THE CHALLENGE OF NUCLEAR WEAPONS

This course examines the way in which states, individually and collectively, have responded to the challenges posed by nuclear weapons. The atomic bomb was developed during World War II, the most destructive war in history. In the aftermath of Hiroshima there were many who believed that, unless the bomb was abolished or international states system reformed in a fundamental way, catastrophic nuclear war was inevitable. But the bomb has not been abolished, and states still exist. How then have we avoided nuclear war? And will the approaches that we have taken to avoiding nuclear war in the past still work in the future? These questions have become especially topical in the last year, with the war in Iraq, the crisis on the Korean Peninsula, and the tension between India and Pakistan.

 

Course Materials

There are two required books for the course:

- Jonathan Schell, The Fate of the Earth and the Abolition, Stanford University Press, 2000.

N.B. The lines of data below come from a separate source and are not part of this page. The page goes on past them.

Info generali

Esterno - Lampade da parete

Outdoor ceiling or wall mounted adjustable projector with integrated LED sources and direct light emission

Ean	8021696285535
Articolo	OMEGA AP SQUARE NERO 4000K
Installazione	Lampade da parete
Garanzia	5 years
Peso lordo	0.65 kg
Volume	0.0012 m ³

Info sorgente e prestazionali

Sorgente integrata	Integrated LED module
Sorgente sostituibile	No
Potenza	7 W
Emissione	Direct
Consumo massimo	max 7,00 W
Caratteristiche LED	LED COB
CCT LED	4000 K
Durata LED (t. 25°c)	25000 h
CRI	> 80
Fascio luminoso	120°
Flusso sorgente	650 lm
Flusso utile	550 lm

- Sidney D. Drell and James E. Goodby, The Gravest Danger: Nuclear Weapons, Hoover Institution Press, 2003.

Most readings are available on the web or in a reader available from the Stanford Bookstore.

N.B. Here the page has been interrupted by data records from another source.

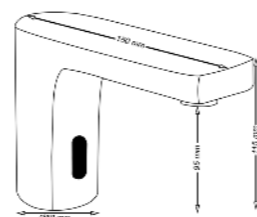

Acabados

SEC224M100CR Cromo | Chrome
SEC224M100BL Blanco | White
SEC224M100NE Negro | Black

*Consultar para más acabados

SEGURIDAD, HIGIENE, ECONOMÍA Y SOSTENIBILIDAD

Martí
1921
spain

There are many websites with useful information about nuclear weapons, nuclear policies, and nuclear issues. Among the useful ones are:

- The Carnegie Endowment for International Peace. http://www.ceip.org/

- The Monterey Institute for International Studies, Center for Non-Proliferation. http://cns.miis.edu/

- The Nuclear Threat Initiative. http://www.nti.org/

- Global Security http://globalsecurity.org

- The Center for International Security and Cooperation, Stanford University http://cisac.stanford.edu/

- The Federation of American Scientists http://www.fas.org/

- The International Atomic Energy agency http://www.iaea.org

- The Institute for Science and International Security http://www.isis-online

Course Requirements

Students will be expected to write a paper of about twenty pages, on a topic to be agreed with the instructor. Students will also be expected to make presentations in class, and to take part in debates. Attendance at class is required; the course grade will be affected by participation in class discussions. The final grade will be based on the papers (70 per cent) and the class discussion (30 per cent).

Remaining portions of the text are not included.